Task item
Everything in the entries below must be output exactly, apart from the pictures.

Data for this task
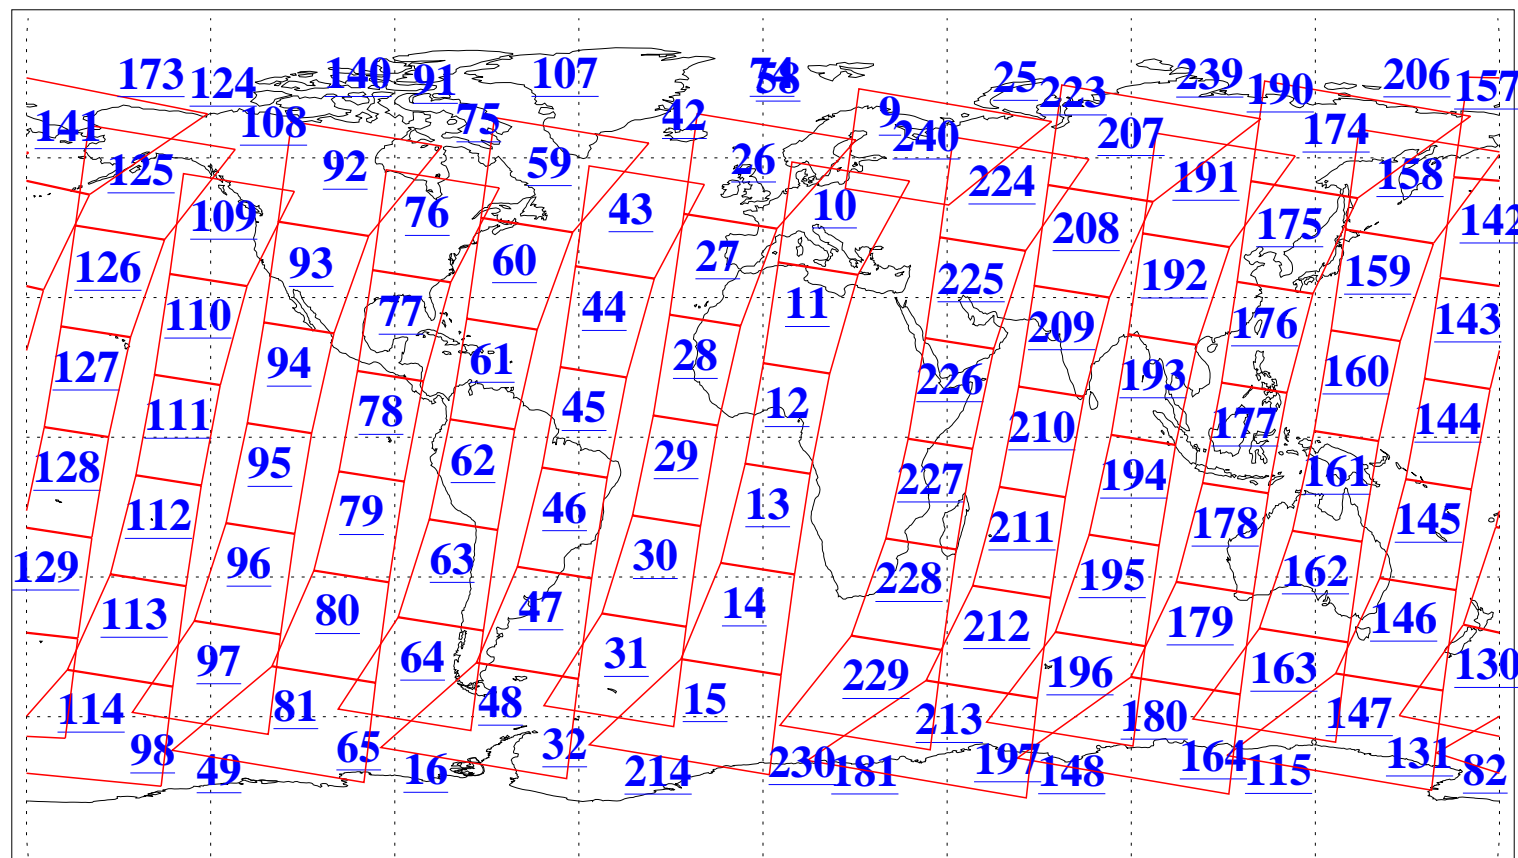

L1B Availability
AMSU Granules: 240
HSB Granules: 0
AIRS Granules: 239

10 Aug 2019
DoY 222
Aqua Day 6307
Granules: 1 to 120

Granules: 121 to 240

Legend: AMSU Available, HSB Available, AIRS Available

L1B Availability
AMSU Granules: 240
HSB Granules: 0
AIRS Granules: 239

10 Aug 2019
DoY 222
Aqua Day 6307
Ascending Granules

Descending Granules

Legend: AMSU Available, HSB Available, AIRS Available

L1B Availability
 AMSU Granules: 240
 HSB Granules: 0
 AIRS Granules: 239

10 Aug 2019
 DoY 222
 Aqua Day 6307

Northern Hemisphere Granules

Southern Hemisphere Granules

Legend: AMSU Available, HSB Available, AIRS Available

Exercise response
L1B Availability
AMSU Granules: 240
HSB Granules: 0
AIRS Granules: 239

10 Aug 2019
DoY 222
Aqua Day 6307
Granules: 1 to 120

Granules: 121 to 240

Legend: AMSU Available, HSB Available, AIRS Available

L1B Availability
AMSU Granules: 240
HSB Granules: 0
AIRS Granules: 239

10 Aug 2019
DoY 222
Aqua Day 6307
Ascending Granules

Descending Granules

Legend: AMSU Available, HSB Available, AIRS Available

L1B Availability
 AMSU Granules: 240
 HSB Granules: 0
 AIRS Granules: 239

10 Aug 2019
 DoY 222
 Aqua Day 6307

Northern Hemisphere Granules

Southern Hemisphere Granules

Legend: AMSU Available, HSB Available, AIRS Available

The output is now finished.